Thursday, 10 August 2006

Adjournment

Cowper Electorate: Lowanna Public School

12:32 pm

Photo of Luke HartsuykerLuke Hartsuyker (Cowper, National Party) Share this | | Hansard source

I wish to take this opportunity to draw attention to the state of affairs at the Lowanna Public School in my electorate, which is facing the removal of its library and a primary classroom—an action which will severely affect the school’s pupils. Lowanna is a small isolated town in the hinterland of Coffs Harbour, which is the nearest settlement of any size that can offer a full range of facilities. Lowanna is some 45 minutes drive from Coffs Harbour, much of it on steep narrow country roads.

The school currently has 16 pupils aged between five and 12. As in many small country towns, the school is a focus for the community—not just educating the children but also bringing parents and members of the community together in social activities. The library and primary classroom are currently housed in two demountable buildings. The New South Wales government intends to remove these demountables on the grounds that pupil numbers have fallen. It is my contention that the crude link that is being made between numbers and the buildings takes no account of the educational consequences of these actions, which are particularly short sighted in an isolated community such as Lowanna.

Let me start with the library. Schools not only equip our young pupils with the basic skills they need to lead their lives but they have a vital role to play in helping our children place themselves in the wider world. There is much to be said in favour of growing up in a small, secure rural community like Lowanna. There is also much to be said in favour of the learning that goes on in the broader sense beyond the hills and forests that surround Lowanna. We must ensure that our young children are not disadvantaged by having their early years of schooling in small country schools. Books can provide that sense of perspective that is needed in education. I shall come to the effect the state government’s proposal will have on the use of computers in the school shortly, but I believe books offer students a permanent, physical, extended form of another person’s views, experience or imagination in ways that computers cannot. A school without books is a school without a soul. If the demountables are removed the books will have to be stored, new shelving will have to be purchased, the books will be not on display and pupils will not be able to browse, to select what takes their fancy or to experiment with books.

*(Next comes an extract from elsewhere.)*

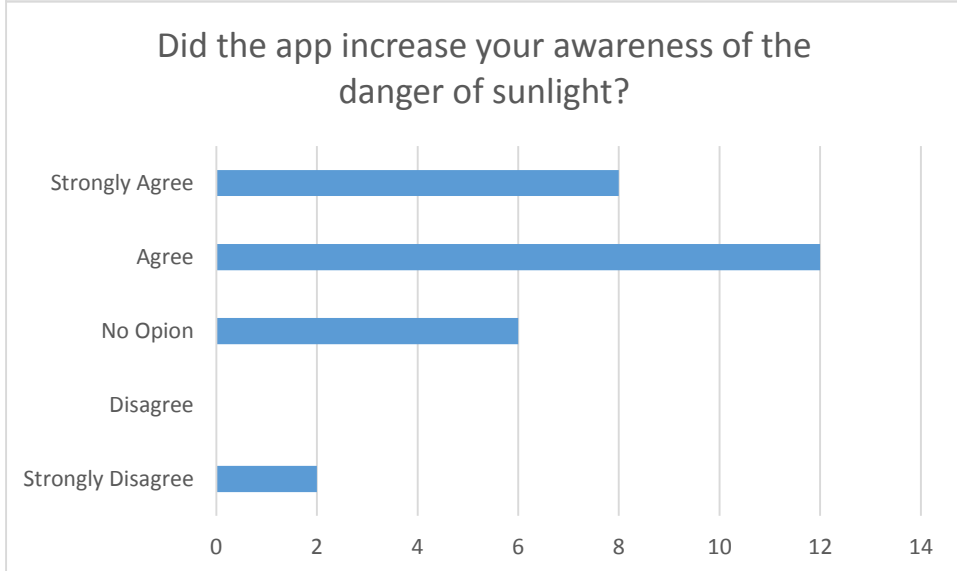

# Light-Activated Sun Cream App Survey (v0.0.3)

n = 28

App trial at the Lime Tree Café University of Bath on 28/5/15

Keith Brown 30/5/15

They will not have access to a public library or a bookshop in the small community of Lowanna. They will be deprived of part of their education.

The library is also a space that is put to other uses which enhance the life of the school. It is the only sizeable space available for reading groups, choir lessons, teaching of sensitive topics such as sex education, assemblies involving the whole school and visitors, and visiting exhibitions to which the pupils would not otherwise have access. It is used for fundraising activities by both the P&C and the student council. It has been used until now for the annual combined Orama Valley schools great debate. If the two buildings are removed, the school will no longer be able to host the event at Lowanna. It has also been used for rehearsals by the school’s primary dance troop, which for the last two years has won its class at the Coffs Harbour and district eisteddfod and performed to acclaim at other cultural festivals. Those are the consequences of the loss of the library.

The loss of the primary classroom will mean that the primary and infants classes will have to share a single room, though clearly they will not be sharing lessons, with obvious consequences for the learning experience and providing students with greater opportunities for distraction. This will limit discussion and it will limit personal growth. I am informed that the school’s computers will have to be removed to a separate room, being taken out of the children’s classroom. In the classroom they can be integrated with the lesson and used for specific purposes in a wider task—in short, used as a tool, as a means to an end. Taking them out of the classroom will, I believe, encourage the view that the computer is a plaything, a source of entertainment and an end in itself. Of course, a computer can be those things, but I think it is vital that the computer be used and integrated into the classroom situation.

The decision by the state government is mean-spirited, small-minded and, I think, illogical. The figures available from the last census show that the population in the area around Lowanna is increasing, not decreasing. Of course, the latest census figures have yet to come out, but I am sure we will see a continuation of that growth. No doubt someone in the state government has looked at the probably minimal savings and running costs, and the costs particularly involved in removing the classrooms down a very steep and winding road. I would hope that they would have thought carefully about this decision, but it does not appear that they have. I have little confidence, unfortunately, that the state government will reverse that decision, but I am working very hard with the local state member, Andrew Fraser, to try and retain those classrooms to ensure that the children of Lowanna school have the very best possible educational experience. Taking away classroom resources from a small country school such as Lowanna is unacceptable in the 21st century. Those classrooms and the library should stay with the children of Lowanna.